Know Your Instruments: Ensuring Depth and Temperature Data from Pop- Up Satellite Archival Tags Are Reported CorrectlyJuerg M Brunnschweiler*
Independent Researcher, Gladbachstrasse 60, CH-8044 Zurich, Switzerland
- *Corresponding Author:
- Juerg M Brunnschweiler
CH-8044 Zurich, Switzerland
E-mail: [email protected]
Received date: September 23, 2013; Accepted date: February 06, 2014; Published date: February 28, 2014
Citation: Brunnschweiler JM (2014) Know Your Instruments: Ensuring Depth and Temperature Data from Pop-Up Satellite Archival Tags Are Reported Correctly. J Ecosys Ecograph S4:004. doi:10.4172/2157-7625.1000S4-004
Copyright: © 2014 Brunnschweiler JM . This is an open-access article distributed under the terms of the Creative Commons Attribution License, which permits unrestricted use, distribution, and reproduction in any medium, provided the original author and source are credited.

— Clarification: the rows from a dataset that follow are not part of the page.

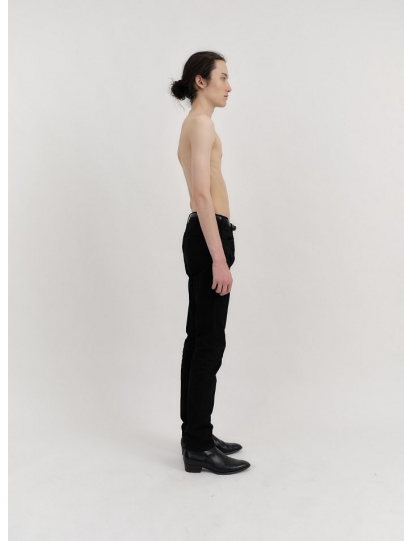

Morph

Morph Management, 36 Jangmun-ro Yongsan-gu Seoul Korea ZIP 04393 | Phone: +82 2 797 7200

KENTA (@kenta_fie)

Height 187/6'1.5" Chest 87/34.5" Hips 89/35" Shoe 275mm Hair Black Eyes Black Born in 1900
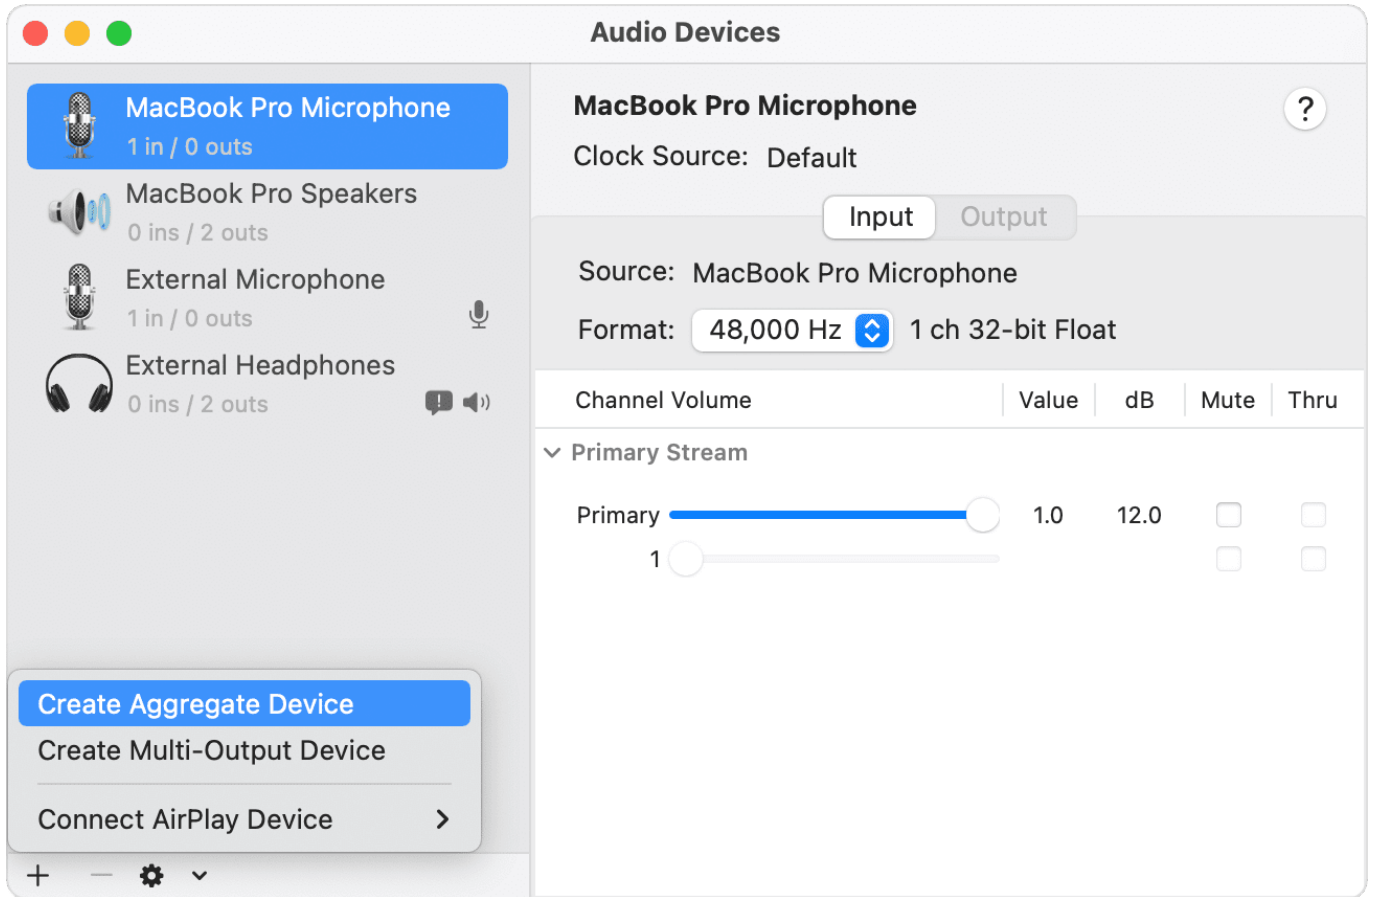

ASIO

Core Audio ASIO4ALL

가

ASIO

Core Audio ASIO4ALL

CPU
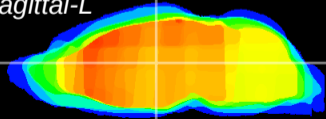

Coronal

Sagittal-R

Sagittal-L

ViBrism: CX22683
Horizontal

MD
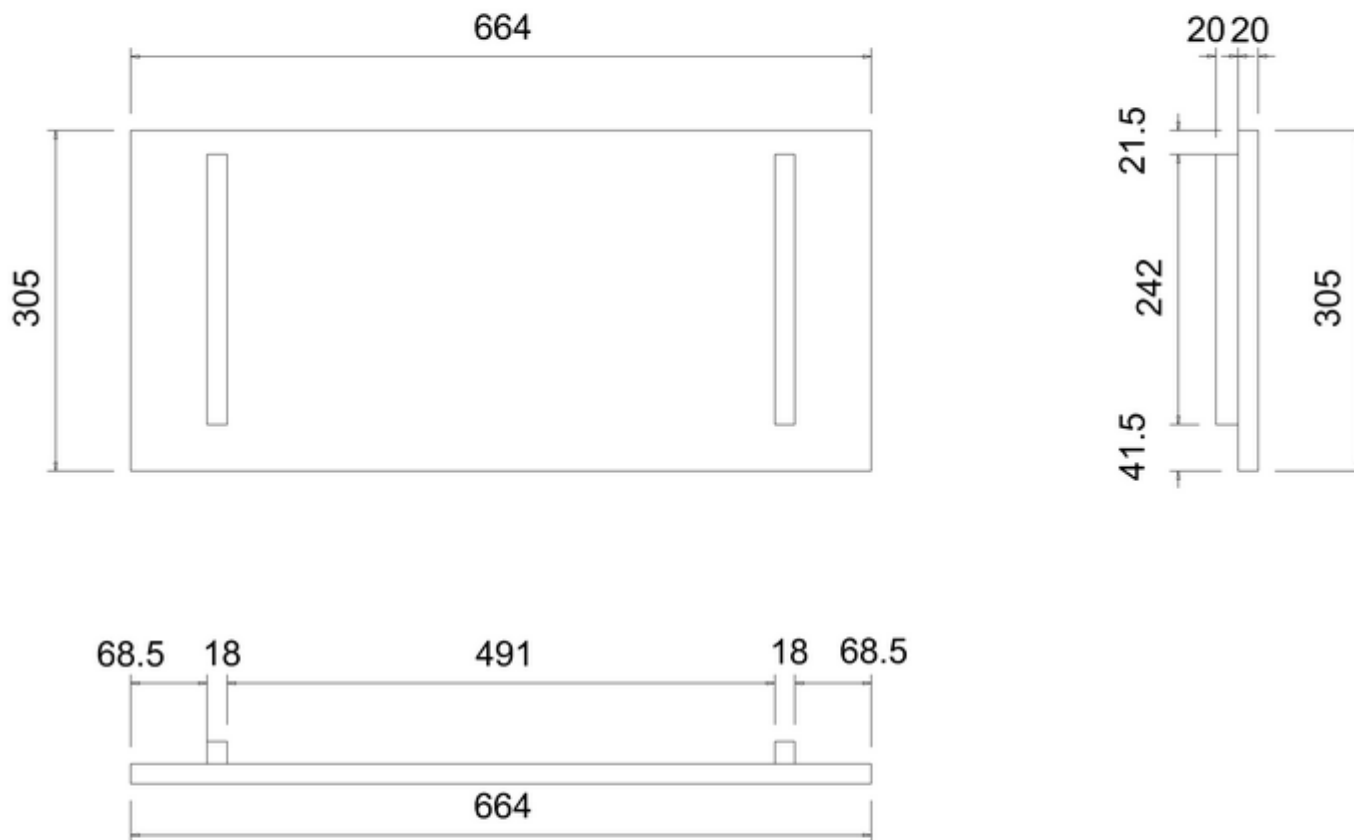

## 20050073370 - Savoy WC worktop carrara marble

Note:  
Whole dimension tolerance is  $\pm 5$ .

Pop-up satellite archival tags (PSATs) are electronic devices attached externally to aquatic animals that collect data such as light-level, pressure and temperature. After the PSAT has popped off and floats to the sea surface, archived data are transmitted via the Argos satellite system to the user, eventually providing insight into the spatial ecology of the study animals. Raw data received via the Argos satellite system are either processed directly by the manufacturer of the tag, or the tag manufacturer provides the user with custom-made analysis software, both resulting in data conditioned in files that can then be used for further analysis. Here I argue that insufficient knowledge by users about how PSATs record, archive and transmit data can be problematic. I revisit a dataset previously published from adult bull sharks Carcharhinus leucas to give an example of how erroneous depth and temperature data can slip into the peer-reviewed literature. I encourage PSAT users to engage in personal communication with tag manufacturers in order to understand how PSATs record, archive, process and transmit data. I argue that scientists must accurately report what data from PSATs they included and/or excluded in the analysis in order to avoid the publication of incomplete data.